◆ **Task directions**
Leave the pictures out and return every line below exactly.

◆ **Exercise data**

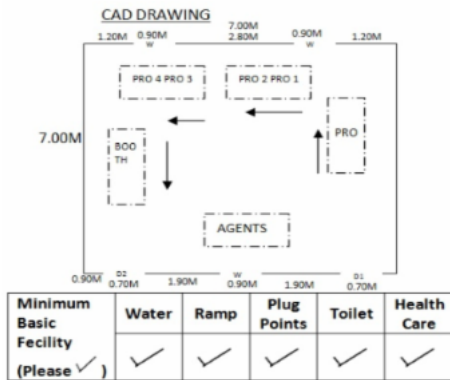

Nazri Naksha

Google Map View

Polling Station Building Front View

Polling Station Front View

Cad View

Key MAP View

சட்டமன்றத் தொகுதியின் எண் மற்றும் பெயர் : 8-அம்பத்தூர்
பிரிவு எண் மற்றும் பெயர் 1-தமிழ்நாடு குடிசைமாற்று வாரியம், அத்திப்பட்டு

◆ **Task result**
Nazri Naksha

Google Map View

Polling Station Building Front View

Polling Station Front View

Cad View

Key MAP View

சட்டமன்றத் தொகுதியின் எண் மற்றும் பெயர் : 8-அம்பத்தூர்
பிரிவு எண் மற்றும் பெயர் 1-தமிழ்நாடு குடிசைமாற்று வாரியம், அத்திப்பட்டு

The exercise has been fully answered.